Como é adequado à minha declarada posição tendente aos que desconfiam das modernagens e temem por seus direitos, tenho conversado mais com o outro lado. Desde os frequentes encontros com Jorge Mautner (que repete que ninguém toca em um centavo dos seus direitos autorais) até a troca de e-mails com Fernando Brant e Ronaldo Bastos, a pressão de grupo que mais me atinge é a que se opõe a relativizações dos direitos de autor por causa da internet. Ontem mesmo, curiosamente, vinha ouvindo no rádio do carro Joyce cantando "Clariana" (com aquelas aberturas de vozes feitas com perfeita musicalidade) - e pensava no lugar especial que ela ocupa em meu coração. Conheci Joyce em 66, quando eu morava no Solar da Fossa: ela me visitava com seu namorado de então e conversávamos; quando saí da prisão ela foi até à Bahia me ver - e essa visita, pelo tom sincero e discreto, me deu uma ideia do que seja a solidariedade verdadeira. Ela era uma menina bonita e doce. A capacidade musical que possui me surpreendeu quando, anos depois, ela ressurgiu tocando violão como os melhores (na terra de João Gilberto, Dori, Gil e João Bosco, isso não é brincadeira), cantando com afinação preciosa, compondo com imaginação harmônico-melódica original. Toda vez que ouço a canção que ela compôs em homenagem a Elis, considero que a homenagem tem merecimento recíproco: Elis é a cantora mais músico que chegou ao estrelato no Brasil e Joyce é o maior músico entre as cantoras que vieram depois. Sendo que ela tem uma emissão mais suave e, por isso, mais imediatamente bonita do que a de Elis (não se trata de julgar as interpretações que ambas apresentaram ao longo dos anos - nisso pode ser que Elis, no fim das contas, permaneça acima, o que possivelmente é o que Joyce crê ser a verdade - mas de sentir que reação o modo de cada uma emitir causa no ouvinte). Pois bem: mal saí do carro e subi o elevador com esses pensamentos, encontrei em minha caixa de e-mails uma mensagem de Joyce aplaudindo a decisão da ministra de retirar as licenças CC do site do MinC.

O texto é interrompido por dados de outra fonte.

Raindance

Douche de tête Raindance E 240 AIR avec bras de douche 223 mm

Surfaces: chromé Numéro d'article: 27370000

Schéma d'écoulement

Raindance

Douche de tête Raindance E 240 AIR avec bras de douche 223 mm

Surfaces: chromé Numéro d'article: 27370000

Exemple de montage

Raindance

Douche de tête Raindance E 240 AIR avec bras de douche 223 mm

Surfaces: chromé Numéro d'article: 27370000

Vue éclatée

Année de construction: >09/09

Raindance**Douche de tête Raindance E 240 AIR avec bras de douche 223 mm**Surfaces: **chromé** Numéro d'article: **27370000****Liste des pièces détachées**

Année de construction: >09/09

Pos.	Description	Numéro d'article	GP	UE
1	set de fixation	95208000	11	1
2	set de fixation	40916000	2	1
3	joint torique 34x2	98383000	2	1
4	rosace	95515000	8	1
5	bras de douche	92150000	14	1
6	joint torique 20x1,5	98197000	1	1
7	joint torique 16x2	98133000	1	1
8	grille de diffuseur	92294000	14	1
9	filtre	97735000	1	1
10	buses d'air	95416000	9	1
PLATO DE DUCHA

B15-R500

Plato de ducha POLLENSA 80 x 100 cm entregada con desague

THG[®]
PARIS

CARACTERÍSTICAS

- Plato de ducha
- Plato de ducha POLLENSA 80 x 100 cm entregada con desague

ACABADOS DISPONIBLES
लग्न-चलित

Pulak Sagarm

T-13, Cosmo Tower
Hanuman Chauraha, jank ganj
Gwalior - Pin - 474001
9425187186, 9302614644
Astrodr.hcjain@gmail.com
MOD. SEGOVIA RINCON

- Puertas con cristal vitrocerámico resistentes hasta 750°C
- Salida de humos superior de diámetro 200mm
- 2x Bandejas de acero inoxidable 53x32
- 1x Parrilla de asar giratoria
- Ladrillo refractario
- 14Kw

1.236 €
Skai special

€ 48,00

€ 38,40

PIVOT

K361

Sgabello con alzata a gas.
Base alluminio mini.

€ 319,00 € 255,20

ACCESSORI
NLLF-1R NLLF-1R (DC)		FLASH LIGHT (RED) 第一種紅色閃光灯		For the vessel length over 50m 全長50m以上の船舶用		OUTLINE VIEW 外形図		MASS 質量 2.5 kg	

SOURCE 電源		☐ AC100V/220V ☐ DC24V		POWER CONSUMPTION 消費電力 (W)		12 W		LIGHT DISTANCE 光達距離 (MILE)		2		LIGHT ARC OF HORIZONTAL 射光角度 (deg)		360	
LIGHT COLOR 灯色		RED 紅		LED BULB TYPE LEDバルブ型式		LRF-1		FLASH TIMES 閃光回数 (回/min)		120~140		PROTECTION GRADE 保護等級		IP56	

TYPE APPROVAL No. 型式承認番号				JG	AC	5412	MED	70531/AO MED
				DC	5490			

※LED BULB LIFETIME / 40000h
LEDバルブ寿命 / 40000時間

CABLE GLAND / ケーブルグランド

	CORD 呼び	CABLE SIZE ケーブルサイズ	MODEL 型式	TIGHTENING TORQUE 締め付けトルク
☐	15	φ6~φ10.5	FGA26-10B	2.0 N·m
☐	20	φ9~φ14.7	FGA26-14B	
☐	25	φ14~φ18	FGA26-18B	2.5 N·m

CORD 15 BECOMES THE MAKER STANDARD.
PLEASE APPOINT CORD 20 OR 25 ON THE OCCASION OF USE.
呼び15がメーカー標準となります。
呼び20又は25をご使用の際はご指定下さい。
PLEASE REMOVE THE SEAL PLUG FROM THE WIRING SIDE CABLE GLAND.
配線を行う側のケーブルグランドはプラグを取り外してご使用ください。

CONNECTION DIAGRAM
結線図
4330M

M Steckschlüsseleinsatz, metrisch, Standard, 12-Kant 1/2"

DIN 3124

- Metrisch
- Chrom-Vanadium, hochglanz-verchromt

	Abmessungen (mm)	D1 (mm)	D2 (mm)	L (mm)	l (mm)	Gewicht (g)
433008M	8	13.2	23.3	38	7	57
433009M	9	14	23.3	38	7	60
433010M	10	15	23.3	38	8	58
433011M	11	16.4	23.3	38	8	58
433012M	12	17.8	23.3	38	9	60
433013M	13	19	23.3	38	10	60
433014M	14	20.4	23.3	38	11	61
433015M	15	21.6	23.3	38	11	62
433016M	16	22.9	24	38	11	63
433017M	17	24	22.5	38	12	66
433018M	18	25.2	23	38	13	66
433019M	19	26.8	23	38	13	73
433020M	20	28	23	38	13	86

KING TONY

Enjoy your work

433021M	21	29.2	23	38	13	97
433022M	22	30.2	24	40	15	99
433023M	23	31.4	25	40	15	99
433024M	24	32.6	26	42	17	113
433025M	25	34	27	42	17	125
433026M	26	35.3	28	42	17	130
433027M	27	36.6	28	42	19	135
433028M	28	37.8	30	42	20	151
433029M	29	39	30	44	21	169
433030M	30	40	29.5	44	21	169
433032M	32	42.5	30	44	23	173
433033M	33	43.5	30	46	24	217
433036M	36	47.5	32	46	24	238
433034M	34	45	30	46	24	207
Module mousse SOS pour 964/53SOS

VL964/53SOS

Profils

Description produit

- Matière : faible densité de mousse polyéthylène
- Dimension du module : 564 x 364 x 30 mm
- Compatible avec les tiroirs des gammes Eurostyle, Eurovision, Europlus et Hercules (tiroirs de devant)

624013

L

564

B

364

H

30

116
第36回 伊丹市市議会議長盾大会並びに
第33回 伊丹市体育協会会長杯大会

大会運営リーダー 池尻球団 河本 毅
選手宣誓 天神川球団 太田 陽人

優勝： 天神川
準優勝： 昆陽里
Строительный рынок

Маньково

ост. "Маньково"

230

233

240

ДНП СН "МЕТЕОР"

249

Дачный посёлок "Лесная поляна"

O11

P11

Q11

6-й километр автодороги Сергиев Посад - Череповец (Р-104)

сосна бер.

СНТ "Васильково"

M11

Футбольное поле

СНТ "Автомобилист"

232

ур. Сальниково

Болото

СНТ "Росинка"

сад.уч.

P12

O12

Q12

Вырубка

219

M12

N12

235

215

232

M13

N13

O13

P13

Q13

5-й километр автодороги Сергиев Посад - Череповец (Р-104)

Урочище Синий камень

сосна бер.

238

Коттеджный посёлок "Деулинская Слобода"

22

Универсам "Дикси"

O e-mail de Joyce era tão claro quanto o artigo de Hermano. Transcrevo-o na íntegra porque quero difundi-lo e porque quero que os defensores do CC respondam:

"Olá todos,

"Todo o meu apoio à ministra Ana de Hollanda! Gostaria que alguém me explicasse por que cargas d'água o Creative Commons (licença norte-americana privada, patrocinada, entre outros, pelo Google - que contribuiu com a módica quantia de US$ 30 milhões!) foi parar num site governamental de um distante país da América do Sul - que, por acaso, também faz a mais valorizada música do mundo no momento. Porque saiu de lá, isso eu entendo...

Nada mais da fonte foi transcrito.